Credit: Tom Bleicher
LOS ANGELES — The space shuttle Endeavour has landed for the final time, and its new owners can hardly believe that the historic vehicle is now in their hands.
Endeavour, flying piggyback atop its Boeing 747 carrier aircraft, touched down here at Los Angeles International Airport today (Sept. 21) to wrap up a nationwide farewell tour. The shuttle will stay at the airport for a few weeks, and then be ferried via surface streets to its museum retirement home, the California Science Center, in mid-October.
Museum officials have been looking forward to today since April 2011, when NASA announced that Endeavour was coming their way. So it feels a bit surreal that the shuttle is finally in LA, they said.
"It's pretty incredible, and it's incredibly emotional," Jeffrey Rudolph, president and CEO of the California Science Center, told SPACE.com a few hours before Endeavour touched down.
"We've had many great moments; April last year, when we got the announcement, was the first," Rudolph added. "But this weekend, we actually take custody and care, and know that from now on, Endeavour's in our hands, to be the stewards. It's a pretty special time." [Photos: Shuttle Endeavour's California Sightseeing Tour]
Endeavour's journey to the museum next month will be special as well. Over the course of two days — Oct. 12 and 13 — the shuttle will travel 12 miles (19 kilometers) through the heart of Los Angeles, providing a memorable and unprecedented sight.
"It's going to be an incredible spectacle — the only time ever that you'll see a space shuttle go through an urban corridor like that," Rudolph said. "People are already getting really excited about it."
NASA grounded its venerable space shuttle fleet in July 2011 after 30 years of service. The agency is encouraging the development of commercial American spacecraft to take over the shuttles' orbital taxi role while it works to send astronauts to deep-space destinations.
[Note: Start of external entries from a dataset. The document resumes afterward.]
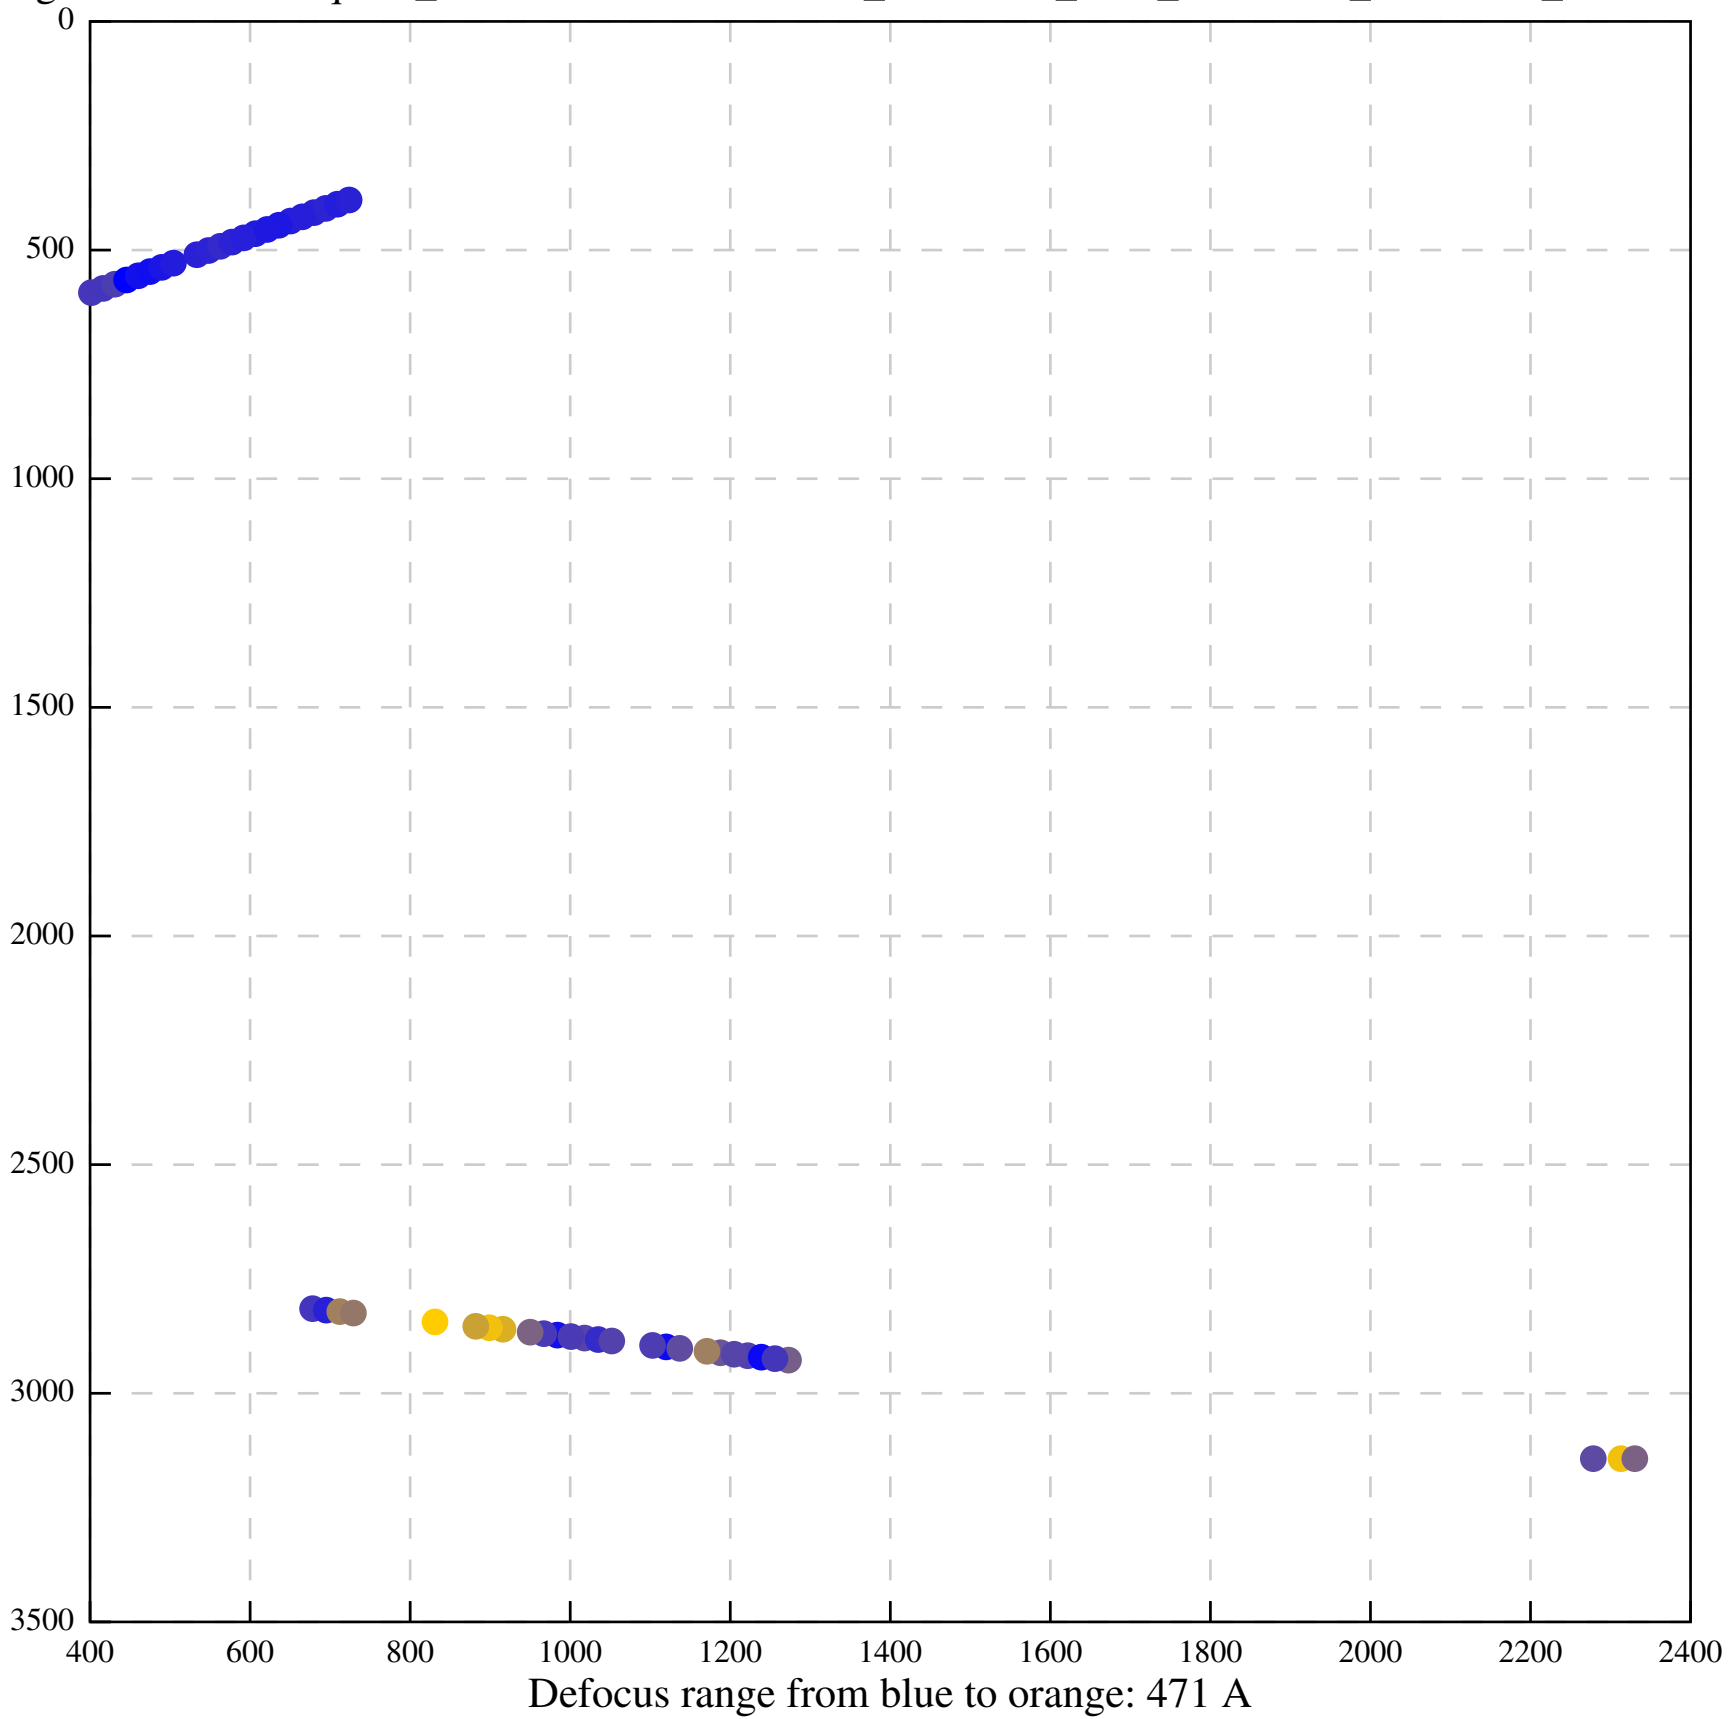

Defocus range from blue to orange: 182 A

Defocus range from blue to orange: 0 A

Defocus range from blue to orange: 326 A

Defocus range from blue to orange: 0 A

Defocus range from blue to orange: 1129 A

Defocus range from blue to orange: 576 Å

In 2010, President Barack Obama directed NASA to send astronauts to a near-Earth asteroid by 2025, then on to Mars by the mid-2030s.
NASA wants at least two private vehicles to be ready to carry astronauts to and from low-Earth orbit by 2017. Commercial robotic cargo flights, on the other hand, should start in earnest next month, with SpaceX's Dragon capsule set to blast off toward the International Space Station on its first contracted supply run Oct. 7.
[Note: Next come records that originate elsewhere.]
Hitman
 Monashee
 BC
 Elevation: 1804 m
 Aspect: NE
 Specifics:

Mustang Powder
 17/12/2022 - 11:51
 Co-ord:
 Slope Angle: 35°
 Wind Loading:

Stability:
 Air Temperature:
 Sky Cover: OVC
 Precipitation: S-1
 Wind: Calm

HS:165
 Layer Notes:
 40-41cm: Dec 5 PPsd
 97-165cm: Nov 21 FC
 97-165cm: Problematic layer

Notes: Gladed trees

While Endeavour will never take to the skies again, it will continue to serve the nation as a museum showpiece, said NASA astronaut Mike Fincke.
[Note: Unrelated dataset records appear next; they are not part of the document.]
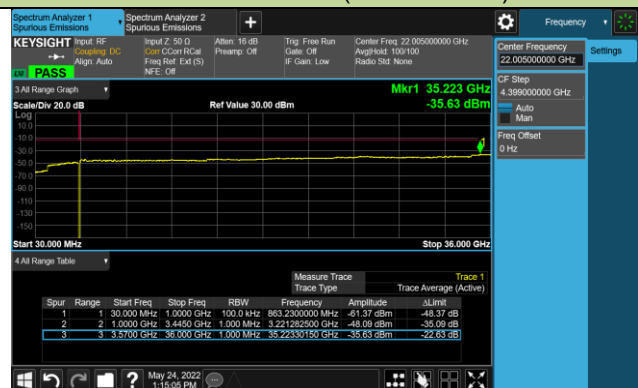

Channel 633334 (3500.01MHz)

Channel 635000 (3525.00MHz)

60MHz Channel Bandwidth

Channel 632000 (3480.00MHz)

Channel 633334 (3500.01MHz)

Channel 634666 (3519.99MHz)

70MHz Channel Bandwidth

Channel 632334 (3485.01MHz)

Channel 633334 (3500.01MHz)

Channel 634332 (3514.98MHz)

80MHz Channel Bandwidth

Channel 632668 (3490.02MHz)

Channel 633334 (3500.01MHz)

Channel 634000 (3510.00MHz)

90MHz Channel Bandwidth

Channel 633000 (3495.00MHz)

"People are really going to get a taste of spaceflight, and it's a good reminder that we still have people flying in space, and that we're building a great space future," Fincke, who flew on Endeavour's final STS-134 mission last year, told SPACE.com here today.
The shuttle's long history as America's spaceship has left a strong impression on the public that should last for years to come, he added.
"You ask any kid from 1970 on to draw a picture of what a spaceship should look like, and they all look like space shuttles," Fincke said. "So it definitely resonates within human hearts."